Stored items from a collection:
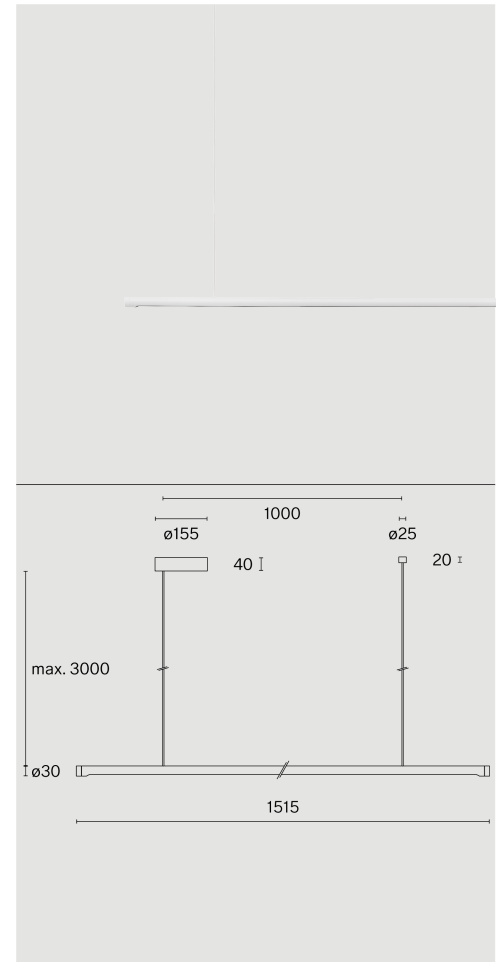

Pendelarmatur tillverkad av aluminiumgjutgods; optiskt system med 176 individuella bländskyddskammare; yta Trafikvit; RAL 9016; DALI tryckdimning; ljusfärg 3000 K; binning initial MacAdam ≤ 3 SDCM; CRI ≥ 90 ; skyddsklass IP20; Klass 2; inkl. kabelupphängning max. 3000 mm; drivdon ingår; ljuskälla utbyttbar av Wästberg+ eller av en behörig fackperson; driftdon utbyttbart av slutanvändare;

Tak
2730 lm
3000 K
DALI Push dim
220 - 240 V
1.7 kg

Art.nr / EAN-kod

181PS123002 / 7330492002101

:: Work to be completed ::
Please copy the records above word for word, omitting every picture.

:: Reply to the exercise ::
Pendelarmatur tillverkad av aluminiumgjutgods; optiskt system med 176 individuella bländskyddskammare; yta Trafikvit; RAL 9016; DALI tryckdimning; ljusfärg 3000 K; binning initial MacAdam ≤ 3 SDCM; CRI ≥ 90 ; skyddsklass IP20; Klass 2; inkl. kabelupphängning max. 3000 mm; drivdon ingår; ljuskälla utbyttbar av Wästberg+ eller av en behörig fackperson; driftdon utbyttbart av slutanvändare;

Tak
2730 lm
3000 K
DALI Push dim
220 - 240 V
1.7 kg

Art.nr / EAN-kod

181PS123002 / 7330492002101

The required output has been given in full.